News from the Hospital Front: Just Enough Time To Take a Breath

[Hi Bloggie Friends; who likely stopped visiting my little corner of the world, since I haven’t written *anything* over the past two years. Not that I haven’t been writing, I just have been venting on FB instead. I will try (once again) to be active in writing here, too.]

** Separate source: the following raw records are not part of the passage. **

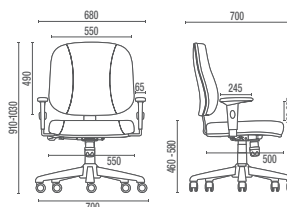

4008 A
Secretária Aproximação
L2048 Fixo
Estrutura Arco

4022
Secretária Caixa
L2048 com Regulagem

L2048
Regulagem de Altura do Encosto (4004 e 4022)

4005
Diretor Longarina
Braço americano

4110
Executiva Longarina

4005 U / 4110 U
Prancheta Escamoteável
Opcional para 4005 e 4110

4009
Secretária Longarina
L2048 fixo

DESENHOS TÉCNICOS

4001 Presidente Giratória

4002 Diretor Giratória

4003 Diretor Giratória Extra

4006 S Diretor Aproximação

4006 PUE Diretor Universitária

4005 Diretor Longarina
Larguras com Braço Duplo:
2L – 1140mm 3L – 1710mm 4L – 2280mm 5L – 2850mm

4103 SRE Executiva Giratória

4107 S Executiva Aproximação

4110 Executiva Longarina
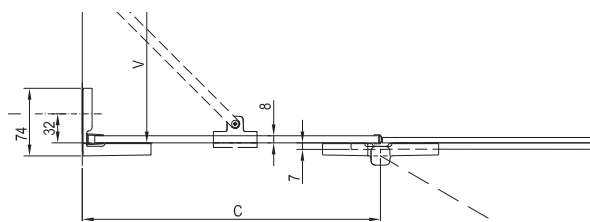

Doba dodania 14 dní.
Ceny sú uvedené v EUR.

Podrobný náčrt nájdete na: www.ravak.sk
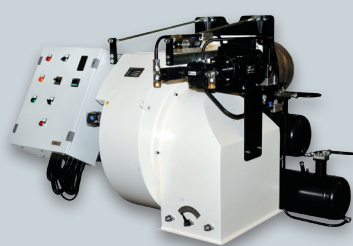

- 降低能源损耗，优化设备的运行效率。
- 简化专业性工作，增加人机互动，
操作维护更简便。
- 保护环境，降低噪音，减少废气排放。

产品系列

elco 研发的燃烧器功率范围广，从11kW至80W。

VECTRON

11 - 2300 kW
天然气，轻油，
双燃料（天然气/轻油）

PROTRON

17 - 550 kW
天然气，轻油

NEXTRON

250 - 11200 kW
天然气，轻油，
双燃料（天然气/轻油）

EK EVO

250 - 13500 kW
天然气，
双燃料（天然气/轻油）

E

1300 - 22000 kW
天然气，轻油，
双燃料（天然气/轻油）

采暖和工业用领域的尖端燃烧器

能力

作为设计工业用燃烧器的专家，今天elco已经成为燃烧技术领域的引领者。Elco研发团队为用户提供各种燃烧技术解决方案。

HO/GHO-TRON

68 - 17000 kW
重油，
双燃料（天然气/重油）

D-TRON

230 - 34000 kW
天然气，轻油，重油，
双燃料

EK-DUO

600 - 16000 kW
天然气，轻油，
双燃料（天然气/轻油）

RPD

500 - 80000 kW
天然气，轻油，重油，双
燃料（天然气/轻油）

一体机

PROTRON

一体式双燃料燃烧器 功率范围 17kW 至 550 kW, 燃料可用：燃气，轻油

- PROTRON系列燃烧器特别为轻工业用途设计，具有隔热保护，机身小巧，易于维护，配置整体保护罩，图例显示等特点。
- PROTRON系列燃烧器通用性强，可满足各类加工处理工业的需求：烘炉，烘干，喷涂，焚化，空气加热等。

PROTRON系列燃烧器特点：

- 8组程序控制，满足任何设备应用需求：快速启动，检漏控制，可调节前吹扫和后吹扫，不间断风机运行。
- 燃烧器出厂前技术部门进行预设
- 静音风机，且独特设计减少电源消耗
- 配置有完整电气设备带有控制面板的电控箱。
- 产品符合欧盟EN676标准和EN267标准，并通过 2016/426/UE 燃气设备标准,2014/30/EU EMC标准， 2014/35/EU 低压标准，2006/42/EC效率标准。
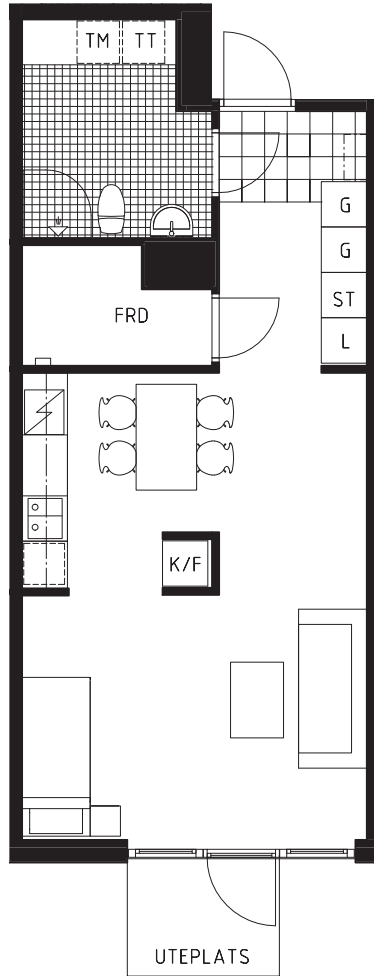

TRÄDGÅRDSPORTEN
 KV JÄRNET 11
 BOLLMORA ALLÉ, TYRESÖ
 BOFAKTA
 1 RoK, ca 47 kvm
 LGH NUMMER: 0802

SKALA 1:100 (A4)

FÖRKLARINGAR

	SPIS		TVÄTTMASKIN		DUSCHDÖRRAR
	KYL/FRYS		TORKTUMLARE		KLINKER
	KYL		LINNESKÅP		EL-CENTRAL
	FRYS		STÅDSKÅP		FAST FÖNSTER
	DISKMASKIN		GARDEROB		ÖPPNINGSBART FÖNSTER
	PLATS FÖR DISKMASKIN		KAPPHYLLA		
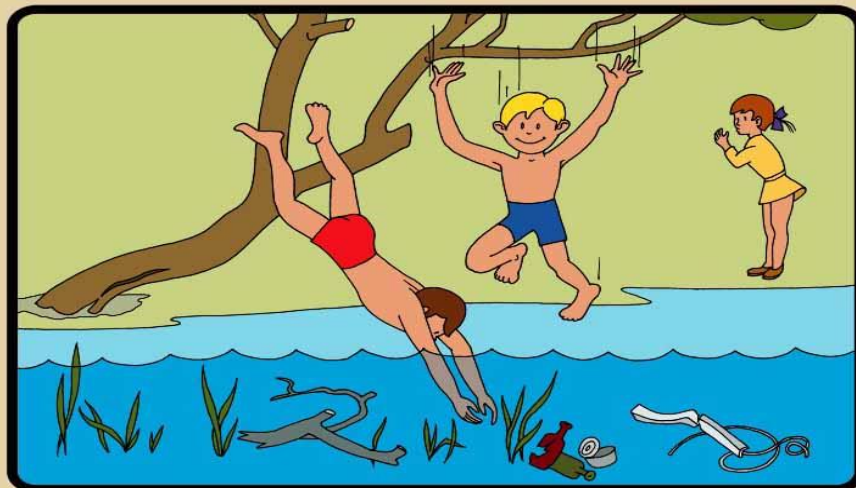

ПАМЯТКА

Купание в необорудованных местах опасно для жизни и здоровья!

Уважаемые жители Волгограда!

**НЕ НЫРЯЙТЕ В НЕЗНАКОМЫХ МЕСТАХ !
НЕ ИЗВЕСТНО, ЧТО ТАМ МОЖЕТ ОКАЗАТЬСЯ
НА ДНЕ !**

Как правило, основной причиной гибели людей на водных объектах является несоблюдение правил безопасного поведения во время отдыха на водоеме, а также купание в необорудованных для этих целей местах – на так называемых «диких» пляжах. Теплая погода вынуждает многих людей забыть об осторожности. Одни лезут в воду, будучи в состоянии опьянения, другие плохо представляют последствия своего неразумного поведения на воде, третьи плохо проинформированы об опасностях, которые их подстерегают на необорудованном водоеме, выбранном ими для купания. Опасность купания на несанкционированных пляжах обусловлена не только их несоответствием гигиеническим нормативам, но и связана с отсутствием спасательных постов, связи с экстренной медицинской помощью и, как следствие, невозможностью оказания своевременной квалифицированной медицинской помощи при возникновении несчастных случаев. Инспекторы также напоминают родителям, что природные водоемы представляют особую опасность для детей. Дети могут броситься без оглядки в воду любого водоема, не поинтересовавшись перед этим, а можно ли в нем купаться.

Родители должны твердо усвоить и выполнять три правила: не разрешать детям посещать водоемы для купания и игр на воде без сопровождения взрослых; не допускать купания детей в необорудованных водоемах; не допускать купания детей без непрерывного нахождения каждого ребенка под наблюдением взрослого человека, знающего правила купания и способного оказать немедленную помощь в случае необходимости.
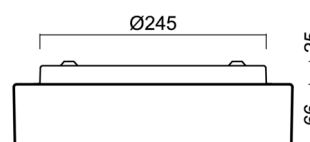

Technické

Typy svítidel	Nouzové kombinované
Typ montáže	přisazené
Materiál základny	ocel
Materiál stínidla	třívrstvé sklo TRIPLEX OPÁL
Barva základny	bílá Ral9003
Barva stínidla	bílá
Držení stínidla	bajonet
Umístění montáže	strop/stěna
Šířka	300 mm
Délka	300 mm
Výška	86 mm
Montážní otvor	3xØ5mm
Kabelový vstup	2xØ16mm
Rázová pevnost	IK01
Provozní teplota	od 0°C do +30°C

Eulum data pro výpočtové programy jsou k dispozici na www.osmont.cz.

Logistické

EAN	8591728150778
Hmotnost NTT0	2.1 Kg
Hmotnost BTTO	2.4 Kg
Počet kartonů	1 ks
Objem balení	0.012 m ³
Balení 1 šířka	0.31 m
Balení 1 délka	0.32 m
Balení 1 výška	0.12 m
Záruka*	60 měsíců
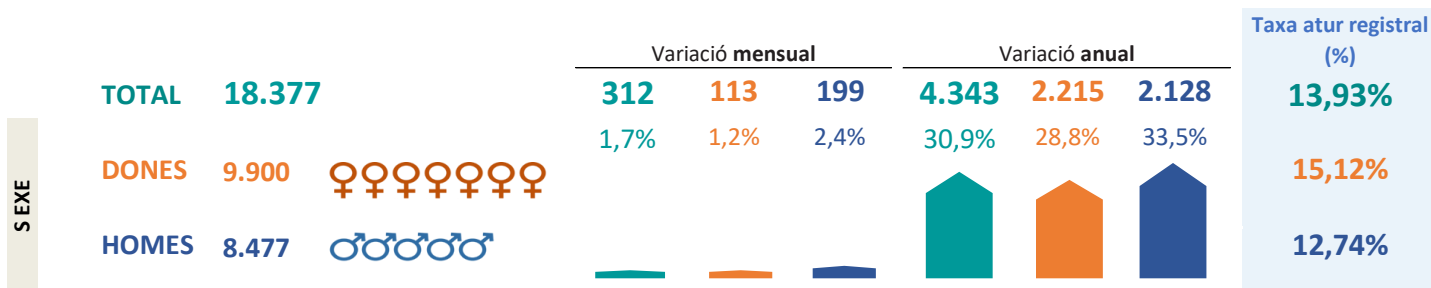

INFOATUR L'Hospitalet

OCTUBRE 2020

Aturats registrats

Evolució de l'atur als mesos de OCTUBRE

Font: Elaboració pròpia en base a dades de l'Observatori del Treball i Model Productiu de la Generalitat de Catalunya i Programa Hermes de la Diputació de Barcelona.
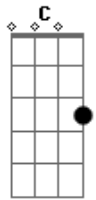

Mario Sergio - Na Flor da Primavera

tom:

D

D D7 Dm D

Me perfumei na flor da primavera

C D Dm G7

Perfume de amor é tudo

Am E Am7

Que eu te prometo reservar cada momento

G7 C G7 B7

E mais e mais te amar

Acordes

© ukulele-chords.com

© ukulele-chords.com

© ukulele-chords.com

© ukulele-chords.com
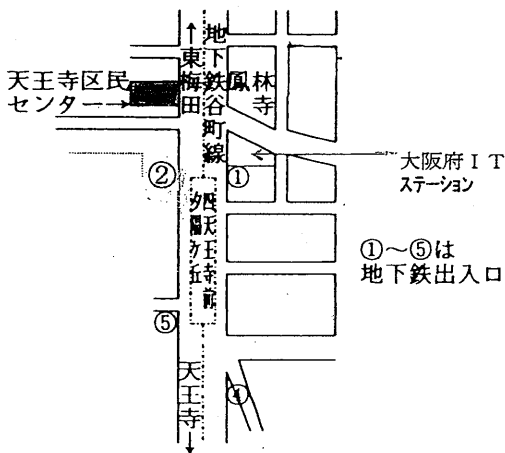

1/18(±) 19(日)	1/22(0)	1/29(水)	2/5(水)
13:15~ 13:15~	18:30~	18:30~	18:30~
小田比生 生涯学習P.	小田比 SGP	滝口 隆 C (JR弁天町)	堀江 Port

練習会場地図特集2-2

お楽しみください

7/29(水), 2/16(日)

所在地 〒552-0007 大阪市港区弁天2-1-5
 TEL 06-6572-0020 FAX 06-6572-0274
 最寄駅 地下鉄中央線・JR環状線「弁天町」下車 徒歩7分

3/19(日), 4/12(日)

大淀コミュニティセンター

〒531-0074 大阪市北区本庄東3-8-2 電話: 06-6372-0213
 地下鉄谷町線・堺筋線、阪急「天神橋筋六丁目」下車 徒歩8分

3/4(水), 11(水), 18(水), 25(水)
 4/1(水), 8(水)

天王寺区民センター (地下鉄・四天王寺前・夕陽ヶ丘)

地下鉄・谷町線「四天王寺前夕陽ヶ丘駅」下車
 ②番出口を北(谷町九丁目方向)へ
 ①番出口を北へ I T ステーション前の
 信号を渡り北へ

4/13(日) お楽しみ合戦!

所在地 〒534-0027 大阪市都島区中野町2-16-25
 TEL 06-6352-6100 FAX 06-6352-8411

最寄駅 地下鉄長堀鶴見緑地線・JR環状線「京橋」下車 徒歩10分
 JR環状線「桜宮」・東西線「大阪城北詰」下車 徒歩10分
 地下鉄谷町線「都島」下車 徒歩15分

Finally. A day off to unwind a bit; if only to surround myself in silence so that I’m not completely overstimulated with all the noise and activities on, what I’ve been deeming my unit as “COVID Central.” Not that it’s the unit that has the most or the sickest of the COVID+ patients … it just happens to be a centralized unit in the hospital and the first of the (now) 10 units to be designated at a COVID+ unit.

The activity on this unit is nothing I’ve ever seen before. For my healthcare friends, the closest thing I can compare it to is when the CPR team is dealing with one patient on your unit … and then the back-up CPR team gets called for *another* patient down the hall. So. Many. People.

And the noise … if anyone has ever spent time visiting a family member in the ICU on a ventilator, you’d recognize the sound a vent makes to alarm the RN or Resp Therapist. Having spent a significant time at the bedside with my Dad & my Aunt, that alarm is embedded in my memory so much that I experience PTSD whenever I hear that sound. I suppose that I’m assigned to the wrong unit, if that’s the case. And yet, here I am … not wanting to be Any. Place. Else. (Except home, of course. With Hubby & the one-and-only Kirby Krackel)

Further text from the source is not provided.